Manœuvres des doctrinaires. — Louis-Philippe fait de la popularité. — Le ministère Laffitte. — Le roi se débarrasse de Lafayette. — L’œuvre législative consolide le régime censitaire. — Démission d’Odilon Barrot et de Dupont (de l’Eure). — Les agitations pour la Pologne. — Du travail ou du pain ! — La curée.

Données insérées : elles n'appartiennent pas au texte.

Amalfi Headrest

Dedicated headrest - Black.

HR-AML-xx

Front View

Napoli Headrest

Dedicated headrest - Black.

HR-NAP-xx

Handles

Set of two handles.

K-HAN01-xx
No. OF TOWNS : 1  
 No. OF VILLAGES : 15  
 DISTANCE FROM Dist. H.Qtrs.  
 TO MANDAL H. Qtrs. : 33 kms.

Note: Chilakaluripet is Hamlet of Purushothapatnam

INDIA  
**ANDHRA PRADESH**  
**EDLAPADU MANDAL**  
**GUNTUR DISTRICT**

Les deux cent vingt et un députés opposants, dont la réélection avait décidé les ministres de Charles X au coup d’État des ordonnances de juillet, ne formaient pas un parti homogène, sinon dans leur hostilité contre l’absolutisme politique et la domination cléricale. Les doctrinaires, tels Royer-Collard et Guizot, n’avaient rien de commun avec les libéraux, sinon que ceux-ci avaient voulu Louis-Philippe, tandis que ceux-là l’avaient accepté contraints par la vacance du pouvoir et la force des baïonnettes de l’insurrection. Les libéraux, même, n’étaient guère homogènes, en outre des caractères et des tempéraments particuliers, qui portaient des hommes tels que Thiers à considérer le libéralisme comme un moyen de pouvoir, tandis, que d’autres, tels que Laffitte, considéraient le pouvoir comme un moyen de réaliser la doctrine libérale.

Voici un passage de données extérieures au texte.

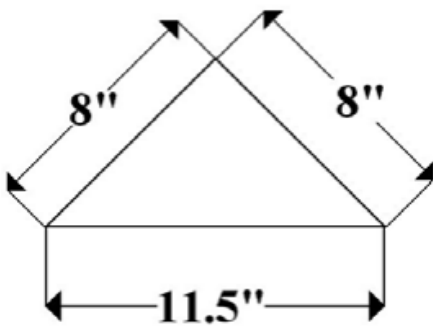

Interchanges with: Supreme 019003

2050/91 & 97 – Starter Roof Bow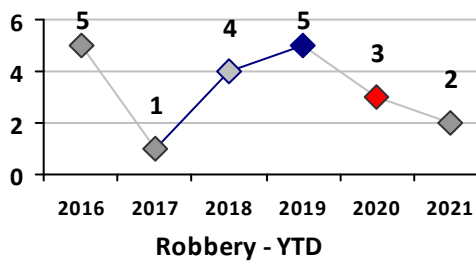

Part I Crime - Comparison Report

Providence Police Department

Through 5/9/2021
Week 18

District 3											
4 Week Trend 4/12/2021 - 5/9/2021				Past 28 Days 4/12/2021 - 5/9/2021				Year to Date January 1 - May 9			

Violent Crime	Current Week	Last Week	Wk 16	Wk 15	Past 28 Days	Past 28 Days LY	Chg.	Current Year	Last Year	Chg.	Wght. 5yr Avg	Chg.
Homicide	0	0	1	0	1	0	--	1	1	0%	1	0%
Sex Offenses, Forcible*	0	0	0	0	0	0	--	1	1	0%	2	-50%
Robbery Other	0	0	0	0	0	0	--	1	1	0%	1	0%
Robbery W Firearm	0	0	0	0	0	0	--	1	2	-50%	3	-67%
Agg. Assault	1	0	0	0	1	4	-75%	6	6	0%	6	0%
Agg. Assault W Firearm	0	0	0	0	0	0	--	1	2	-50%	2	-50%
Total	1	0	1	0	2	4	-50%	11	13	-15%	15	-27%

Property Crime	Current Week	Last Week	Wk 16	Wk 15	Past 28 Days	Past 28 Days LY	Chg.	Current Year	Last Year	Chg.	Wght. 5yr Avg	Chg.
Burglary	1	0	0	0	1	1	0%	10	10	0%	15	-33%
MV Theft	1	0	0	3	4	4	0%	15	8	88%	11	36%
Larceny from MV	5	2	3	2	12	1	1100%	41	15	173%	29	41%
Larceny**	2	2	3	0	7	2	250%	29	29	0%	38	-24%
Total	9	4	6	5	24	8	200%	95	62	53%	92	3%

Other Crime	Current Week	Last Week	Wk 16	Wk 15	Past 28 Days	Past 28 Days LY	Chg.	Current Year	Last Year	Chg.	Wght. 5yr Avg	Chg.
Assault Other	5	3	2	3	13	5	160%	32	38	-16%	39	-18%
Vandalism	3	4	1	4	12	7	71%	44	32	38%	34	29%
Drug Offenses	0	0	0	1	1	2	-50%	2	8	-75%	18	-89%
Weapons Offenses	0	2	0	0	2	0	--	7	3	133%	6	17%
Liquor Law Violations	0	0	0	0	0	0	--	0	0	0%	0	--
Total	8	9	3	8	28	14	100%	85	81	5%	96	-11%

Figures are preliminary and subject to further analysis and revision

* Sex Offenses, Forcible includes forcible rape, forcible sodomy, forcible fondling, sexual assault with an object

** Larceny includes shoplifting, pickpocket, pursesnatch, from building, bicycles, motor vehicle parts or accessories, and other.

Le premier ministère, celui du 11 août, présidé par Dupont (de l’Eure), c’est-à-dire, par un républicain résigné à la monarchie par impossibilité de faire la République, était, nous l’avons dit, composé des éléments hétérogènes qui avaient voulu, accepté ou subi le changement de régime. Laffitte et Dupont (de l’Eure) y avaient, de par les barricades à peine démolies, situation prépondérante. Ils étaient les garants de Louis-Philippe devant la révolution encore grondante. C’est assez dire que la Chambre des députés les supportait avec plus d’impatience encore que le roi. Celui-ci, encore mal assis sur son trône, savait, pour avoir traversé deux révolutions, que les barricades peuvent détruire ce qu’elles ont édifié. La première révolution, dans sa phase populaire, l’avait coiffé du bonnet rouge.